Another way is to find a colored object such as a particular brick in the wall and make it the same color in all the shots that have it. Hopefully your editor has a global (affects the whole image, not just a selection) hue/saturation/brightness adjustment - most do.
HTH
Last edited by xpatUSA; 11th October 2017 at 02:38 PM.
Two thoughts on your "conventional wisdom" comments.
1. The neutral source in the image has to be illuminated by the same light source as your subject. In this case, the lamp post will work. The other proviso that I was taught was that the object should ideally be a "substantive" element in the image. In this case, it passes the test too.
One could also argue that the whites of the subject's eyes are a neutral colour, as are the irises, so we could in theory white balance off those, but neither are substantive elements (they are too small).
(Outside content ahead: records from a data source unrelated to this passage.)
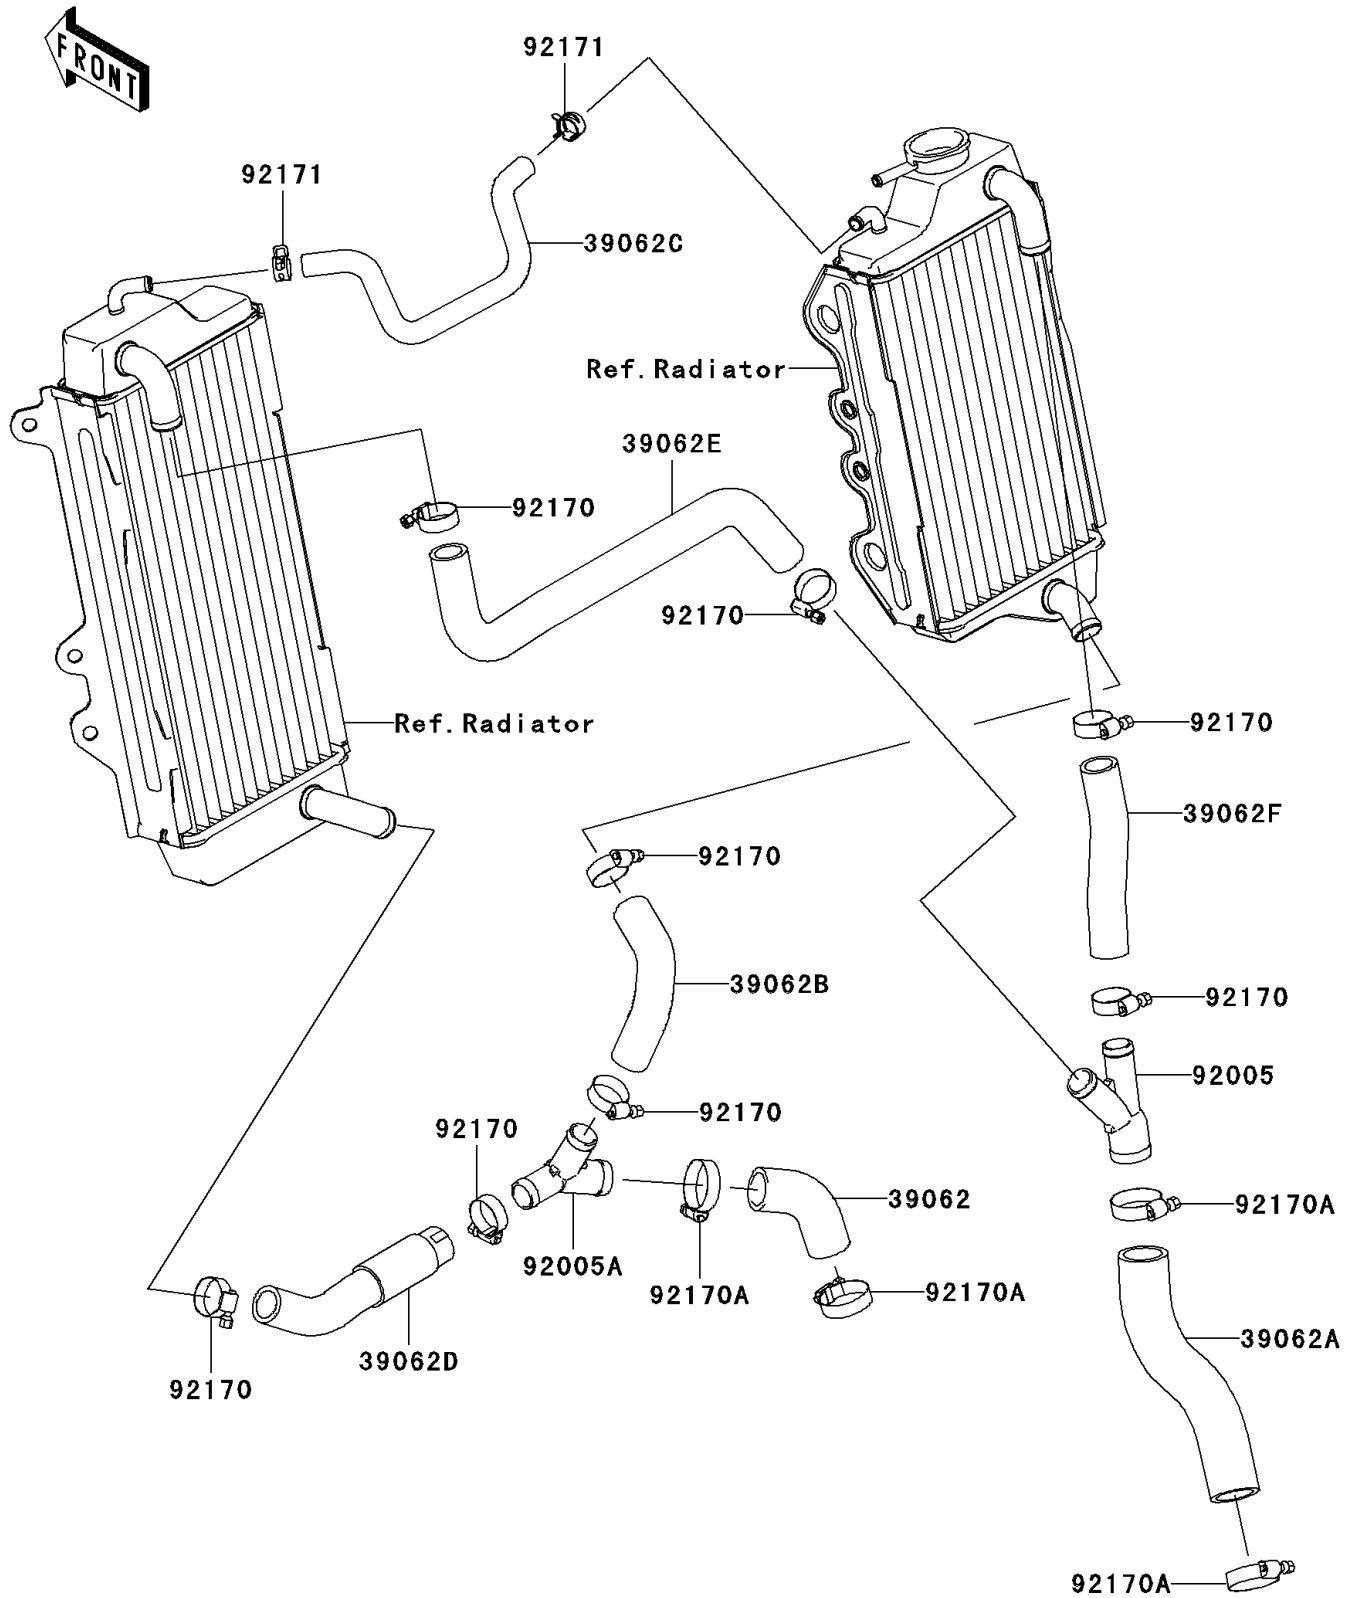

2011 KX™450F PARTS DIAGRAM

Water Pipe

E3037

2011 KX™450F PARTS LIST

Water Pipe

| ITEM NAME | PART NUMBER | QUANTITY |
|---------------------------------------------|-------------|----------|
| HOSE-COOLING,W/P-FIT. (Ref # 39062) | 39062-0088 | 1 |
| HOSE-COOLING,HEAD-3WAY FIT. (Ref # 39062A) | 39062-0252 | 1 |
| HOSE-COOLING,RAD.RH LOW-FIT. (Ref # 39062B) | 39062-0301 | 1 |
| HOSE-COOLING,RAD.LH-RAD.RH (Ref # 39062C) | 39062-0302 | 1 |
| HOSE-COOLING,RAD.LH LOW-FIT. (Ref # 39062D) | 39062-0303 | 1 |
| HOSE-COOLING,FIT.-RAD.LH UPP (Ref # 39062E) | 39062-0304 | 1 |
| HOSE-COOLING,FIT.-RAD.RH UPP (Ref # 39062F) | 39062-0305 | 1 |
| FITTING,3WAY,HEAD-RAD (Ref # 92005) | 92005-0066 | 1 |
| FITTING,3WAY,RAD-W/P (Ref # 92005A) | 92005-0067 | 1 |
| CLAMP,HOSE,26MM (Ref # 92170) | 92170-1077 | 1 |
| CLAMP,HOSE,32MM (Ref # 92170A) | 92170-1286 | 1 |
| CLAMP,CLIP,12.5MM (Ref # 92171) | 92171-0372 | 1 |

2. Your analysis of the lamp post is a bit flawed. The reason it shows as neutral is that is simply the outcome of the white balance used in this image. If a different white balance were set, this would not be the case. Also, it depends where on the lamp post you sample, because there is a wide range of tones that are not neutral. In fact I would argue that this image has a green / yellow colour cast; which may or may not be the desired outcome. I tend to prefer portraits slightly on the warm side.
Yes, my screenshot was intended as an illustration, not a rigorous analysis. Perhaps I should remove it so as to avoid confusion?
Obviously.The reason it shows as neutral is that is simply the outcome of the white balance used in this image. If a different white balance were set, this would not be the case.
Of course. Said lamp-post appears to be coated with black paint. Unfortunately, it appears to be gloss paint - so many areas on it are reflecting scenery.Also, it depends where on the lamp post you sample, because there is a wide range of tones that are not neutral.